### [Task details]
Take every line from the entries below that includes the word "Page" and copy it.

### [Records from a data collection]
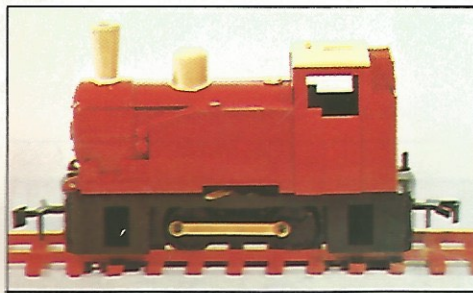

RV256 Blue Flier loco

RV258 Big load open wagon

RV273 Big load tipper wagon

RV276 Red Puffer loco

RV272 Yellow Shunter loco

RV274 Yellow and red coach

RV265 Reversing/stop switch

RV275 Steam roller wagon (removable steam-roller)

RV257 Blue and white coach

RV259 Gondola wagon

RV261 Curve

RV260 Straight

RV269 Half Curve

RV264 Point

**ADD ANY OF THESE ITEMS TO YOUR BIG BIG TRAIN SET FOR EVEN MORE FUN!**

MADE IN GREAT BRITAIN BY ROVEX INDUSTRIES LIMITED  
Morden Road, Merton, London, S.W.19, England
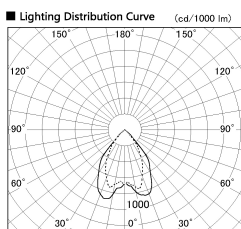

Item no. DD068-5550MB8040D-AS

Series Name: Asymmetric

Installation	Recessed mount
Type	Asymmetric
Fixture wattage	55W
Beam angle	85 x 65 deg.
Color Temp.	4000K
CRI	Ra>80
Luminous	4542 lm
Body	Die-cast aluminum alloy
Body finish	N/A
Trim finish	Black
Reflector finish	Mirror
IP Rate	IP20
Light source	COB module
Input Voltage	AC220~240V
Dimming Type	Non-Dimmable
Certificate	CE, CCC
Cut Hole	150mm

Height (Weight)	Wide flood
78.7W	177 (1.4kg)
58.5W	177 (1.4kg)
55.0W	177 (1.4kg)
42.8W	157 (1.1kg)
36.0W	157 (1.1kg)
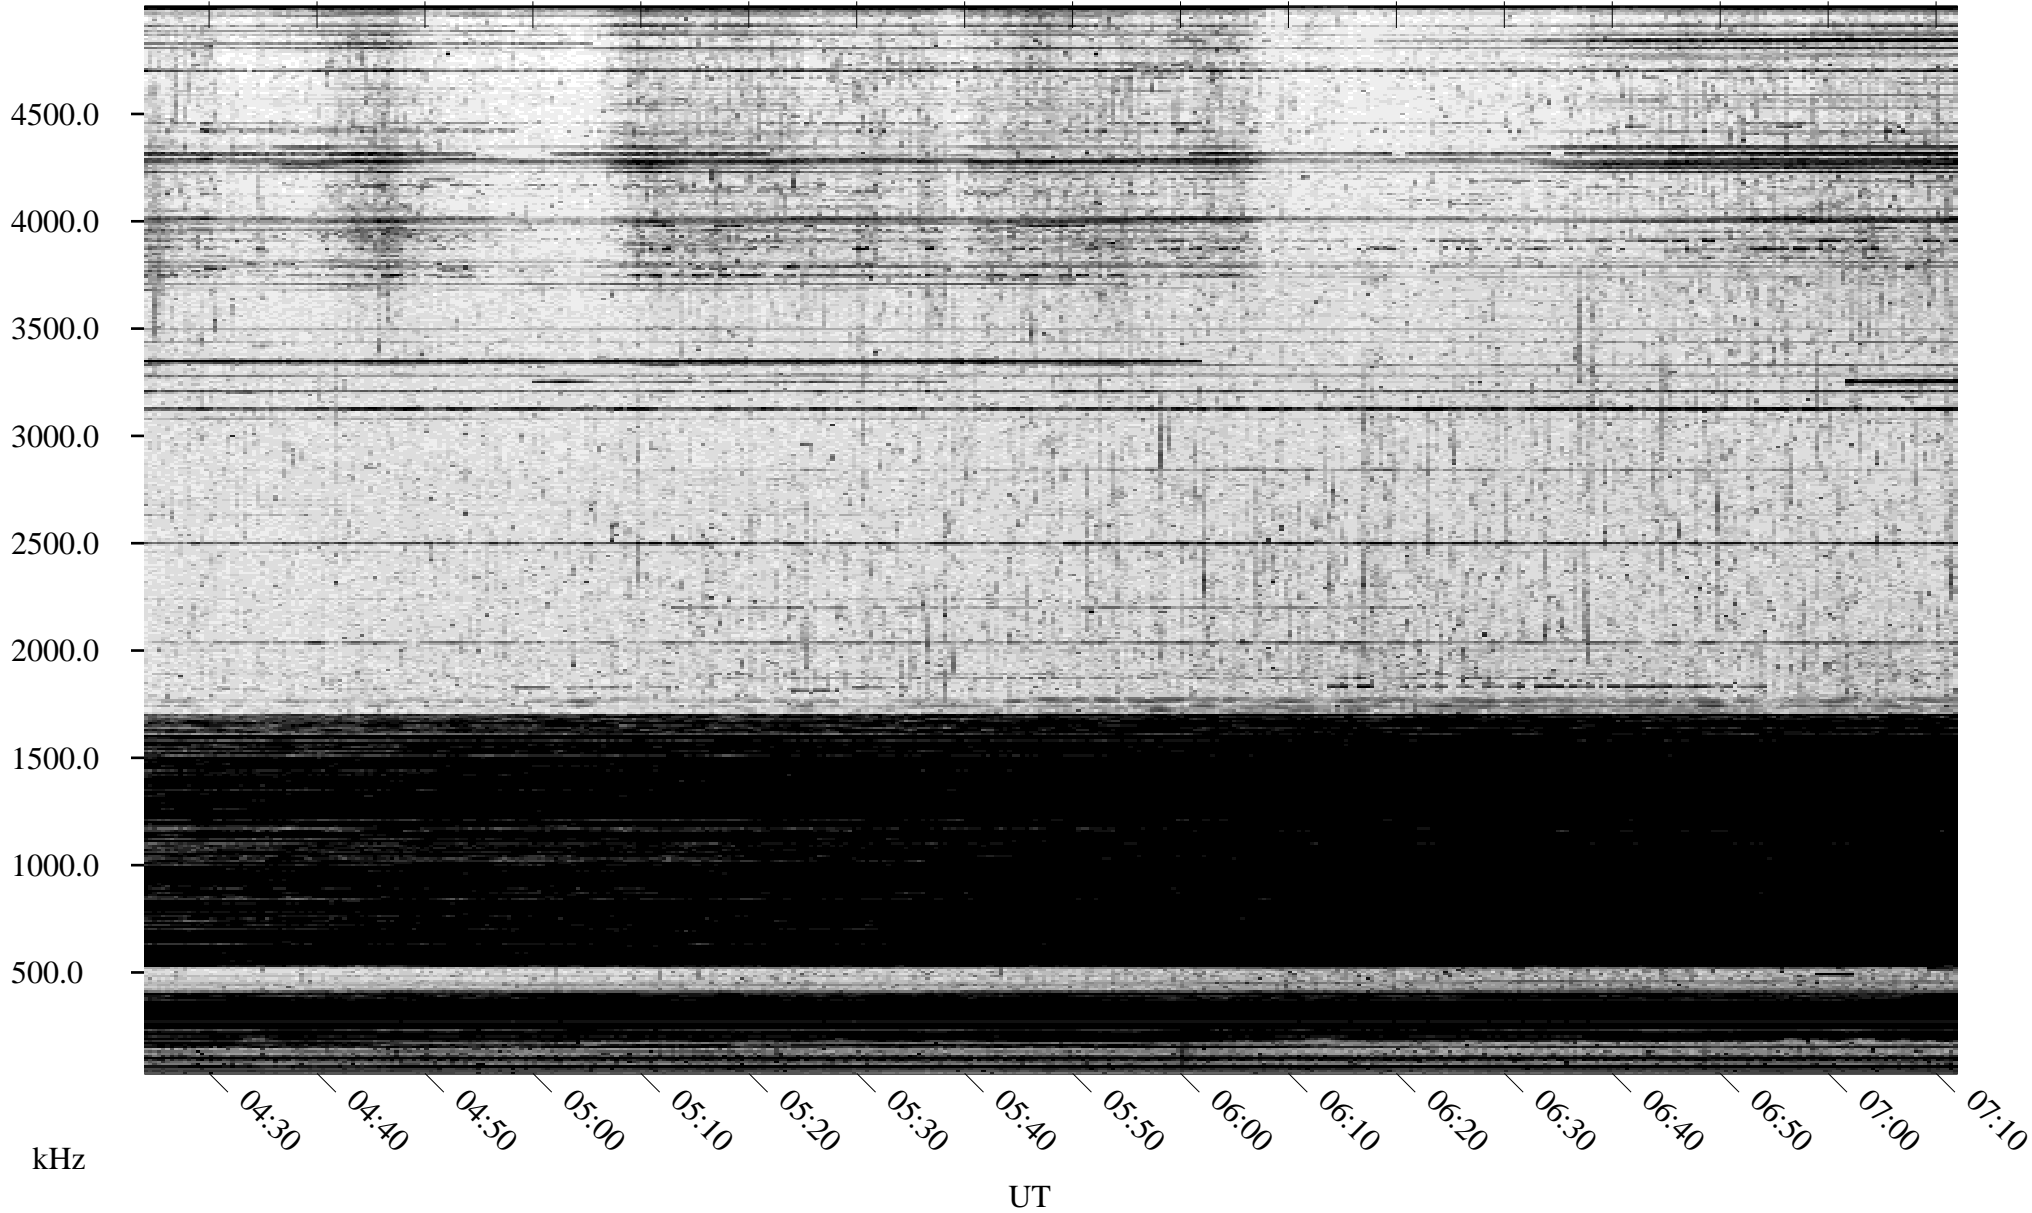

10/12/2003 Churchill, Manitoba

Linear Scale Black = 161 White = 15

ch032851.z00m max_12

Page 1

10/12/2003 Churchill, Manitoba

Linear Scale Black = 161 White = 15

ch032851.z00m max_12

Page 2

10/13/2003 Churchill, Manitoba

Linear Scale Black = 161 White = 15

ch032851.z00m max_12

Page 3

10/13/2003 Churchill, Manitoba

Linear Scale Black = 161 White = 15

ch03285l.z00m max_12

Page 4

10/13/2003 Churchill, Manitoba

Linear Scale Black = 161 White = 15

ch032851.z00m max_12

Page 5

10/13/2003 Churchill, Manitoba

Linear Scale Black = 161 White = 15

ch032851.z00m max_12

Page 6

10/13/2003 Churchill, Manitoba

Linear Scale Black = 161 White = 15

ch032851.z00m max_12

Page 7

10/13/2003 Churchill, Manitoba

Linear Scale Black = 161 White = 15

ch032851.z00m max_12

### [Solution]
Page 1
Page 2
Page 3
Page 4
Page 5
Page 6
Page 7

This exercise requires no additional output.